With a swift movement, he slices off the Imperial Aquila from my helmet and simply turns away, walking back towards the others. I briefly consider standing, aiming and firing as many las rounds into his back as possible for defacing my armour in such a way, but sense gets the better of me and I keep still, waiting for the steps to get a bit quieter. The girl seems to be lightly sobbing as I hear more footsteps, this time human in origin. I slowly look around to see the figure of the mayor, with a smile on his face. I take the girl’s hand and stand up.

“Excuse me, but would you know who this child’s parents are?” I inquire, barely able to get a sentence out through the feeling of fear that I had just experienced. The mayor explains that it is his daughter. Of all people, the mayor’s own daughter happened to be wandering near the battlefield. She walks over to him and a brief conversation ensues. I am not listening that much, however, much more curious as to what I am doing to do. I am stranded on this planet from where I will not be escaping alone. I deduce that my only option is to tag along with the Chaos warband. I catch up to them as they are leaving, catching the momentary gaze of the Chaos Space Marine. Emperor give me strength.

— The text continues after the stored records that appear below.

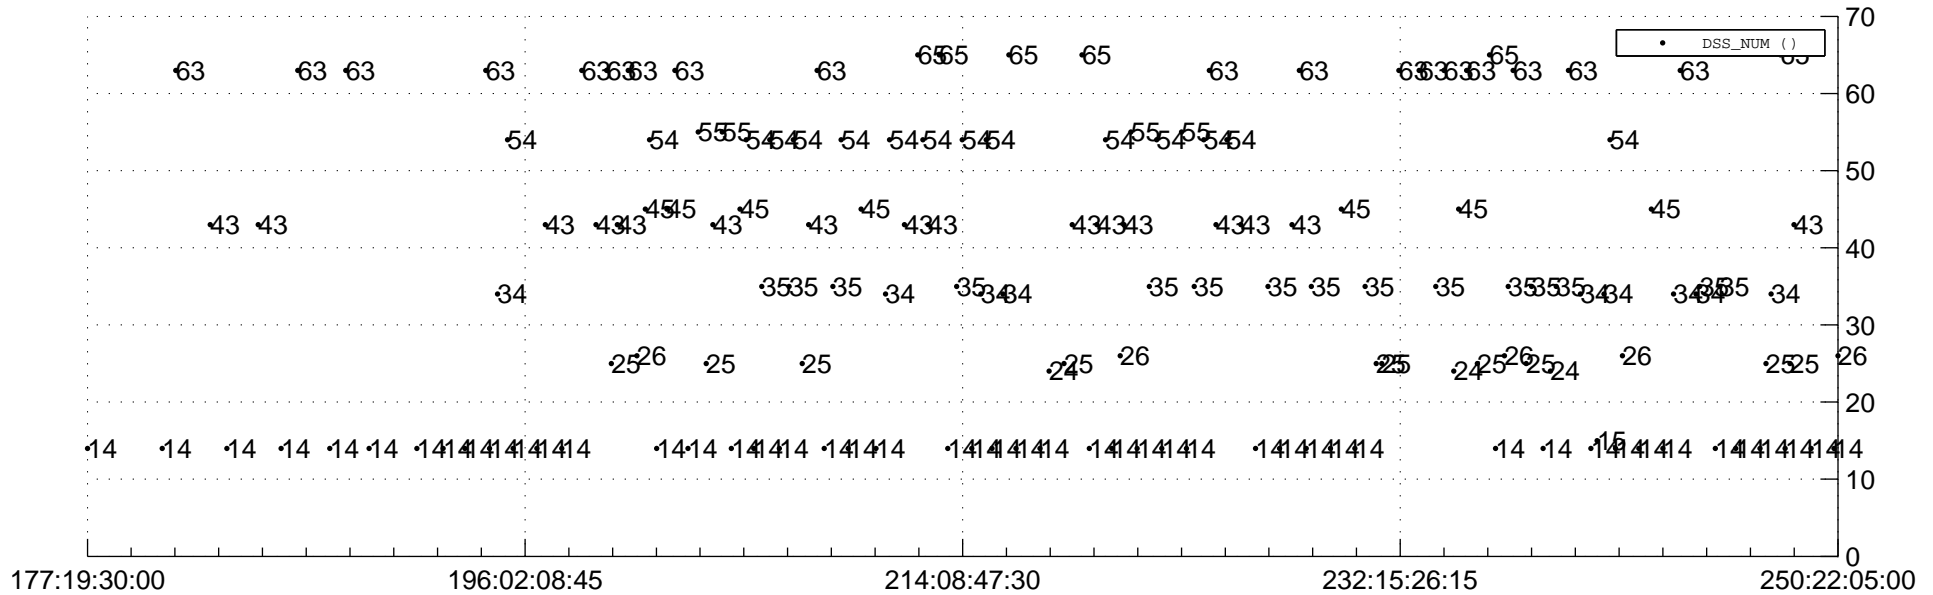

STEREO AHEAD Downlink Performance 2015:251

Number_of_Dropped_Frame

DSS_Station

Spacecraft Time (2015:177:19:30:00.000 -2015:250:22:05:00.000)

/disks/d81/project/stereo/mops/assessment/ahead/automation/output/engdump/yesterday/ahead_dp_2015_251.csv
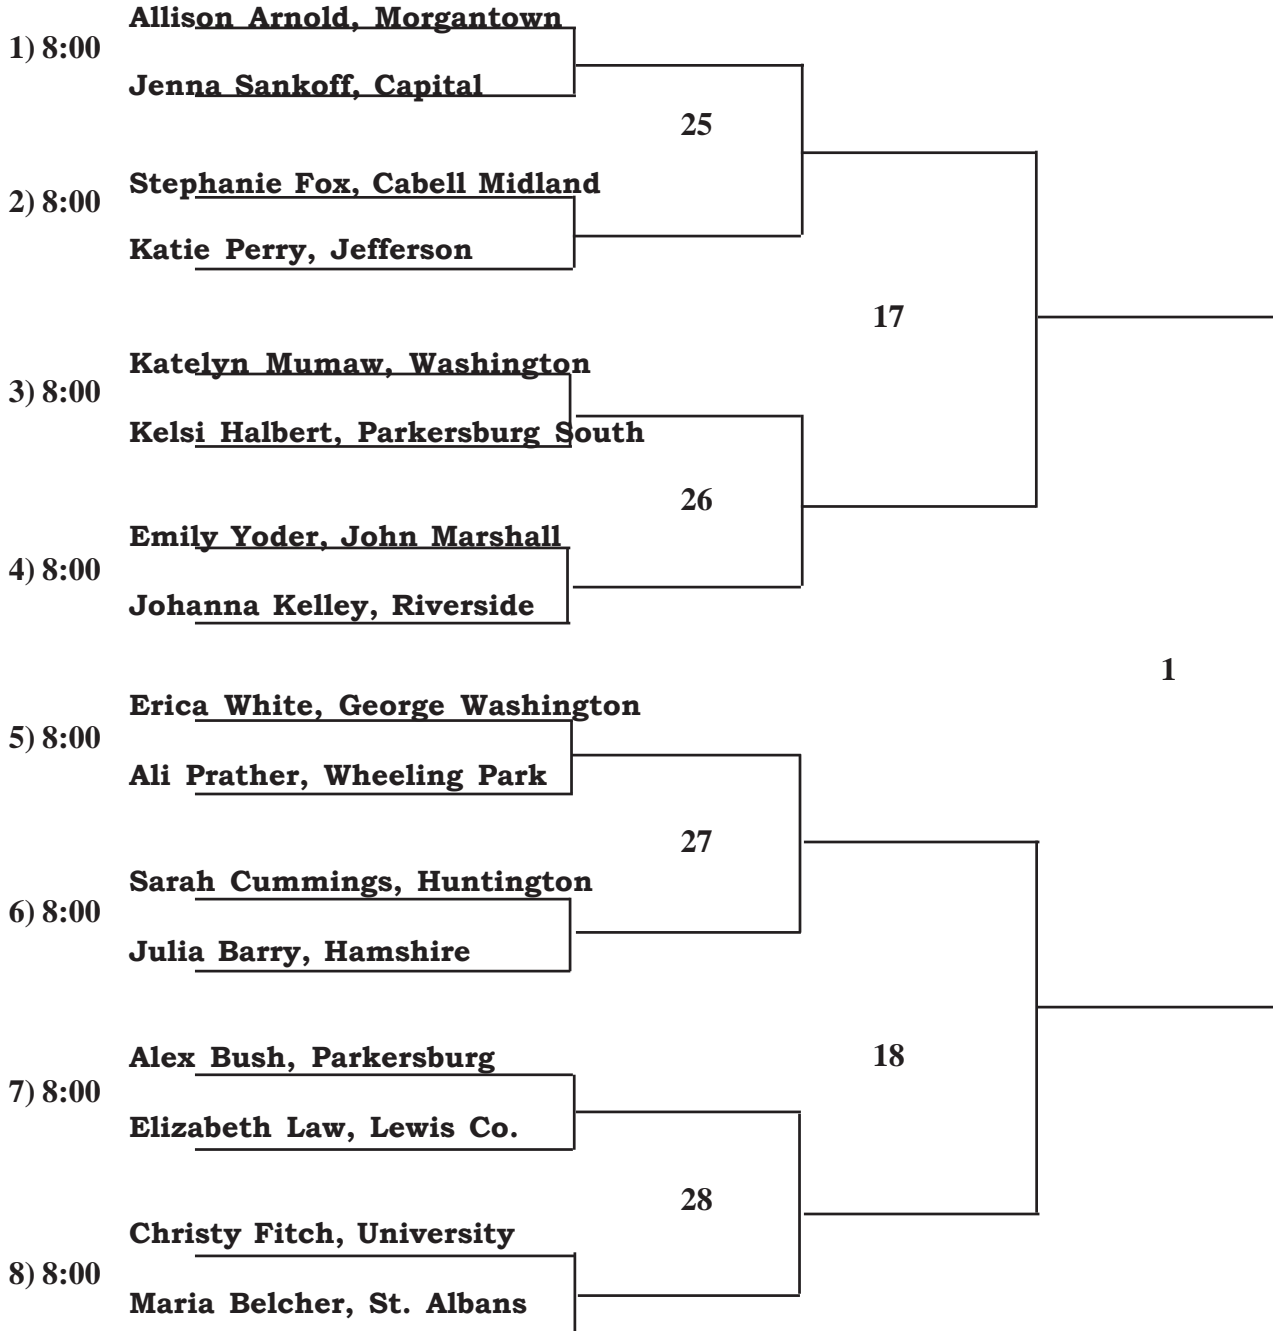

FRI (2 OF 3) SAT (2 OF 3)

GIRLS' AAA SINGLES

STATE TOURNAMENT SEEDING NUMBER ONE POSITION

TH (8)

TH (8)

FRI (2 OF 3)

SAT (2 OF 3)

GIRLS' AAA SINGLES
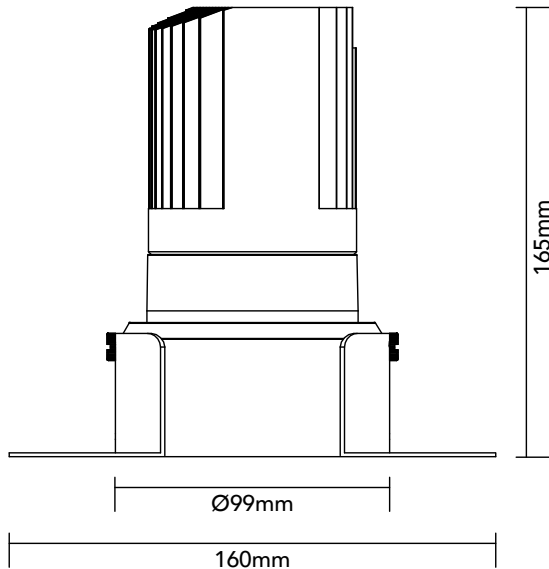

# DK30.12.940.12

29.8W / 4000K / 24° / IP54

## Key Specifications

Shape	Round
Frame Type	Trimless
Engine Orientation	Fixed
Lamp Type	LED
System Power	29.8 W
Colour Temperature	4000 K
Lumen Output	2895 lm
CRI	>90 Ra
Beam Angle	24°
Warranty	SEVEN (7) year limited

## Physical

Body Shell	Aluminium 6063
Frame	Aluminium 6063
Baffle	Powder Coated / UV Processed
Optics	PMMA Lens
Filter	Honeycomb Louvre (Optional)
Net Weight	0.78 kg
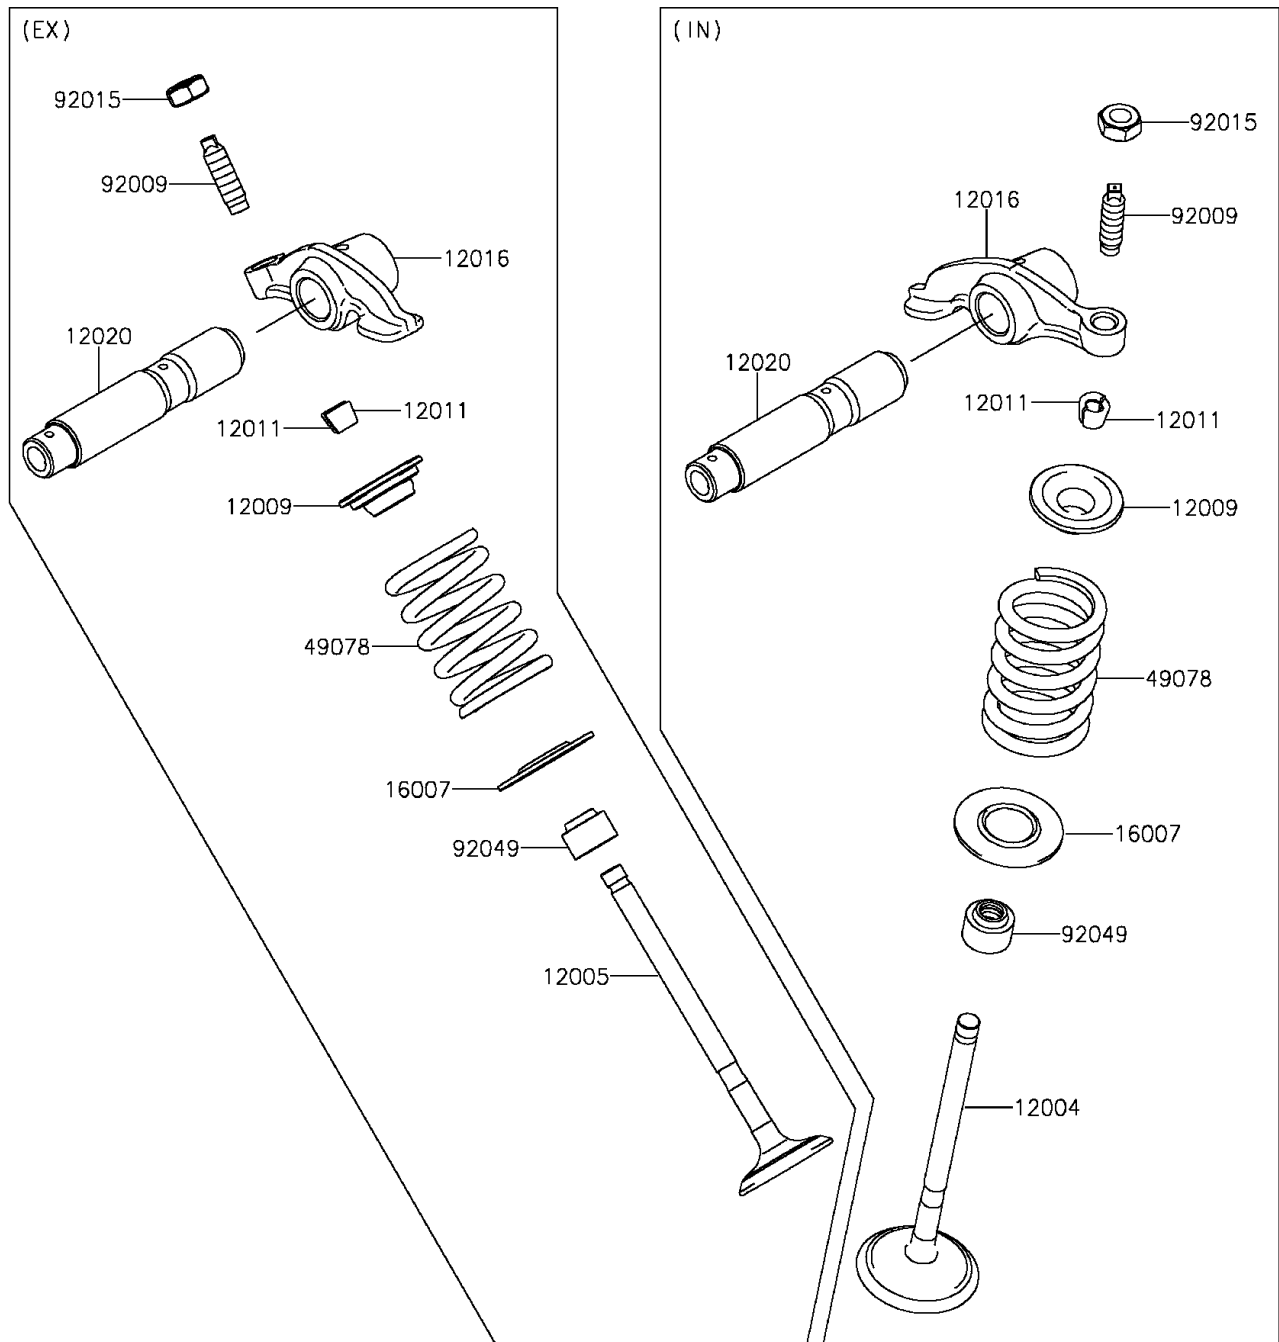

2014 KLX® 140L PARTS DIAGRAM

Valve(s)

E1210

2014 KLX® 140L PARTS LIST

Valve(s)

ITEM NAME	PART NUMBER	QUANTITY
VALVE-INTAKE (Ref # 12004)	12004-0049	1
VALVE-EXHAUST (Ref # 12005)	12005-0725	1
RETAINER-VALVE SPRING (Ref # 12009)	12009-0018	1
COLLET (Ref # 12011)	12011-1051	1
ARM-ROCKER (Ref # 12016)	12016-0026	1
SHAFT-ROCKER (Ref # 12020)	12020-0007	1
SEAT-SPRING (Ref # 16007)	16007-1223	1
SPRING-ENGINE VALVE (Ref # 49078)	49078-0064	1
SCREW,VALVE ADJUST (Ref # 92009)	92009-1109	1
NUT,VALVE ADJUST LOCK (Ref # 92015)	92015-1137	1
SEAL-OIL (Ref # 92049)	92049-0139	1
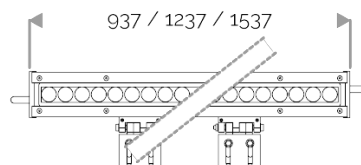

X-LINE³ - LED every 25mm - 6W to 60W - up to 6210 lm - 187 mm to 1537 mm
821-3595-HT X-LINE³ 60 230V cold white 6500K 2x22.5° L1537mm 30W IP66

X-LINE³ - LED every 25mm - 6W to 60W - up to 6210 lm - 187 mm to 1537 mm
821-3595-HT X-LINE³ 60 230V cold white 6500K 2x22.5° L1537mm 30W IP66

ELECTRICAL FEATURES

230V mains connection. Integrated driver. Built-in 10 kV/5 kA surge protection. Control to be specified when ordering. Default cable length 1.5m. DMX version contains the plug and socket CONNECT SYSTEM for easy installation.

CABLES USED

Fixed version: HO7RN-F 3G1,5mm² cable: phase (brown), neutral (blue) & ground (green/yellow). Length: 150cm.

DMX version: CONNECT SYSTEM cable. Length: 50cm.

DALI version: HO7RN-F 3G1,5mm² cable: phase (brown), neutral (blue) & ground (green/yellow) + 2x0.5mm² cable: black- and red+. Length: 150cm.

MECHANICAL FEATURES

IP66, IK06. Anodized aluminium profile. Clear PMMA. Silicone gasket. Product is mounted on two anodized aluminium brackets. Delta Seal® treated stainless steel fasteners. Glare shield comes in raw aluminium with the RAL colour to be specified. Weights: 187mm: 0,9 kg. 337mm: 1,5 kg. 637mm: 2,5 kg. 937mm: 3,5 kg. 1237mm: 5 kg. 1537mm: 6 kg.
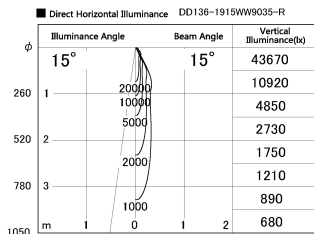

Item no. DD136-1915WW9035-R

Series Name: Cledy versa R-G
(DD136-AG-R)

White Reflector

Installation	Recessed mount
Type	Extra high-efficiency adjustable downlight : Antiglare
Fixture wattage	18.6W
Beam angle	15 deg
Color Temp.	3500K
CRI	Ra>90
Luminous	1445 lm
Body	Die-cast aluminum alloy
Body finish	N/A
Trim finish	White
Reflector finish	White
IP Rate	IP20
Light source	COB module
Input Voltage	AC220~240V
Dimming Type	Non-Dimmable
Certificate	CE, CCC
Cut Hole	100mm

Throughout the rest of the day I do my best to keep to myself. I get to work making up some medicinal drugs in the room next door to Mott as he gets to work on weaponry. I need to keep a strong illusion that I am no more than a renegade Imperial Guard medic from a light infantry unit. I maintain concentration through my work, sustaining a psychic effort keeping a metaphorical eye on the near future and my surroundings. I do not want anyone sneaking up on me. Myself and Mott occasionally converse and exchange exasperated looks as we hear that Sigmar managed to lose one and a half thousand troops due to poisonous algae. How that man was an officer in the Imperial Guard, I will never know. The armour is scavenged and I am ordered to sterilise it. Unlike the incompetents who died, I wear gloves when handling it and sterilise them all to the best of my abilities. I am on a feral planet, so I hope they are not expecting any miracles. During the evening, I head out for a breath of fresh air and notice a horrifying spectacle. The neighbouring city, where the planetary space port was located, was raining blood. I immediately go back inside. There is a powerful, albeit irresponsible, psyker at work. I shudder at the mere thought.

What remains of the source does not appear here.